◆ **WORK INSTRUCTIONS**
Could you set down only the lines from the one including "24 \times 8$" to the end of the records below, inclusive and exact, leaving pictures out?
--- MATERIAL PROVIDED ---
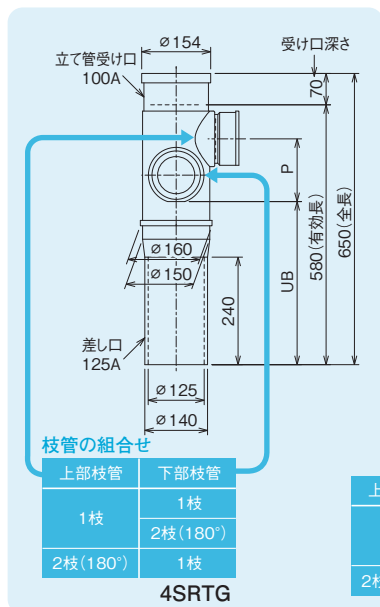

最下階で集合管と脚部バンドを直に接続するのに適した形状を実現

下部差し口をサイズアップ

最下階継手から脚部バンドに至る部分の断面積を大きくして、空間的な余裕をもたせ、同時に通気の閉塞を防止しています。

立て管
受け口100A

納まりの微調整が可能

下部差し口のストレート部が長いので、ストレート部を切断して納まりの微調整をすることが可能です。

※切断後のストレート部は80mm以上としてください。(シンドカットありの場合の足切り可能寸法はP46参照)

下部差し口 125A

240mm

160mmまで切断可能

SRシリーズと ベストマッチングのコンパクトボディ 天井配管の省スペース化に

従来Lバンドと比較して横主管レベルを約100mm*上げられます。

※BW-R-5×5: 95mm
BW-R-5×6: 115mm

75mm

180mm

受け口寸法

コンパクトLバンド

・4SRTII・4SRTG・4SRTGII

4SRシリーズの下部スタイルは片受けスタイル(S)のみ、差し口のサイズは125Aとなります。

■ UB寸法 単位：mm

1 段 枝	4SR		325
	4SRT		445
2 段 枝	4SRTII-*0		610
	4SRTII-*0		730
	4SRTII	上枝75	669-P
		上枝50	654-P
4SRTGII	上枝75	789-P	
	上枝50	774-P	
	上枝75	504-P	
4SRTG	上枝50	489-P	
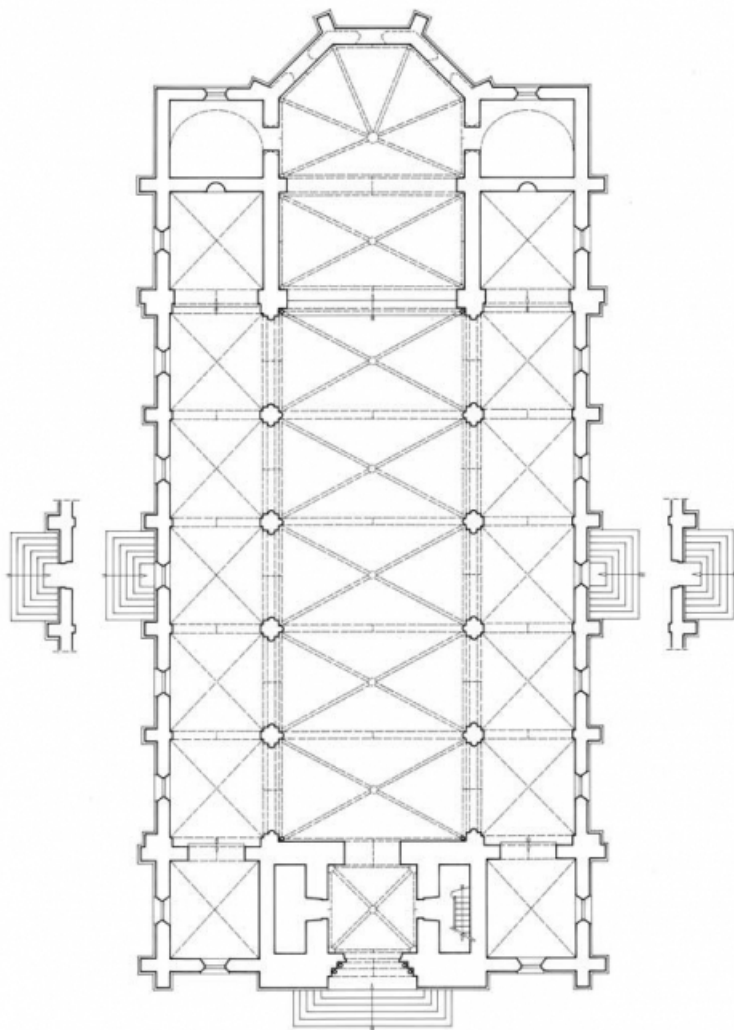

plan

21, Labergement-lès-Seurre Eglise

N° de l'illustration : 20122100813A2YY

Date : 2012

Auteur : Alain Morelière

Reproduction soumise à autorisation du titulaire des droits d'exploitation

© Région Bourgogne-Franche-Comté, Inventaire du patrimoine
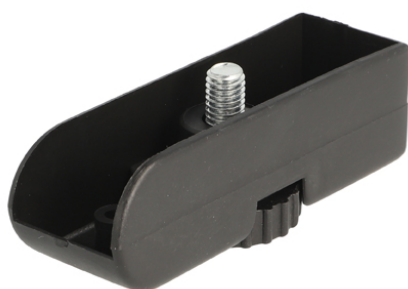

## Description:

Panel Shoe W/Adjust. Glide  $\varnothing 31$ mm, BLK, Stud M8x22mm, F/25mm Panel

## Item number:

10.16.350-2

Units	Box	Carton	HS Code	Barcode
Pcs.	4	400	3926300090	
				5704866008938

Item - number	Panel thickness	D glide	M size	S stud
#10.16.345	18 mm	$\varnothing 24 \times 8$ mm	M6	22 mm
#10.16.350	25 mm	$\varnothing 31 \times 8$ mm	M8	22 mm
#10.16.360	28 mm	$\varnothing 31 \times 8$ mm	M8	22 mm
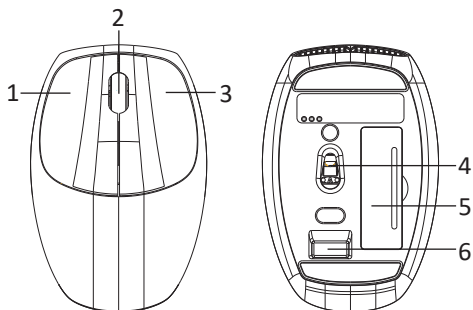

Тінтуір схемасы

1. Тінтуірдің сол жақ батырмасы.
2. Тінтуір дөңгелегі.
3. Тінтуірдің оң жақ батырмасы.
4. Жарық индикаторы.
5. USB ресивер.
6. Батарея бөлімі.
---
◆ **ANSWER FOR THIS EXERCISE**
#10.16.345	18 mm	$\varnothing 24 \times 8$ mm	M6	22 mm
#10.16.350	25 mm	$\varnothing 31 \times 8$ mm	M8	22 mm
#10.16.360	28 mm	$\varnothing 31 \times 8$ mm	M8	22 mm

Тінтуір схемасы

1. Тінтуірдің сол жақ батырмасы.
2. Тінтуір дөңгелегі.
3. Тінтуірдің оң жақ батырмасы.
4. Жарық индикаторы.
5. USB ресивер.
6. Батарея бөлімі.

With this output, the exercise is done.